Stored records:
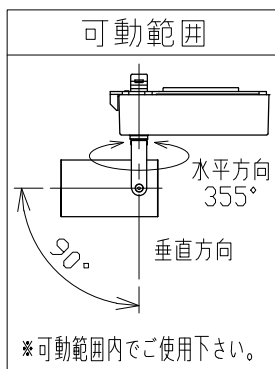

安全に関するご注意

- 一般通常環境の屋内配線ダクト取付専用器具です。下記のような場所では使用できません。
故障や絶縁不良による火災・感電・短寿命の原因となります。
・湿度が20~85%の範囲外、及び水滴など水のかかる場所 ・振動、衝撃の多い場所 ・粉尘の多い場所
・腐食性ガス、可燃性ガス、オイルミストなどが発生及び塩害の生じる場所
- 指定方向以外は取付けないでください。器具の落下の原因となります。
- 器具は壁面・床面に取付けないでください。落下や、接触不良による火災の原因になります。
- 定格電圧の±6%の範囲でご使用ください。感電・火災および短寿命の原因となります。
- 被照射との距離は、指定以下で使用しないでください。火災の原因になります。
- LEDの光色にはバラツキがある為、発光色、明るさが異なる場合がありますのでご了承ください。
- コントローラーなどの調光器と組み合わせて使用する際は、必ず弊社にご相談ください。

適合調光器 (別売)	
SZA1801	
SZA1802	

■光学特性

1/2ビーム角	器具光束	固有効率*消費効率
44°	806 lm	55.5 lm/W

■品番 (別表)

品番	器具色
SSL72300LL-W	ホワイト
SSL72300LL-B	ブラック

8					特記事項 ・照射物近接限度 0.1m ・位相制御調光タイプ ・調光範囲 5%~100%	品番 (別表参照) SSL72300LL-***				
7						色温度	2700K			
6	コード		1		電気特性	演色性	Ra90			
5	電源ケース	アルミダイカスト	1	ホワイト・ブラック塗装		入力電圧	100 V	尺度	器具重量	作図日
4	アーム	鋼板	1	ホワイト・ブラック塗装		入力電流	0.16 A	1/2	0.34 kg	2023.03.10
3	レンズ	ガラス	1	フロスト		消費電力	14.5 W	承認	検印	作図
2	反射板	アルミ	1	アルマイト処理		設計寿命	40,000時間	小西	和田	楠本
1	本体	アルミ	1	ホワイト・ブラック塗装						
No.	部品名	材質	数	備考

Problem requirements:
Across the entries above, work out how many lines hold "ホワイト". The answer is that number alone.

Output below:
4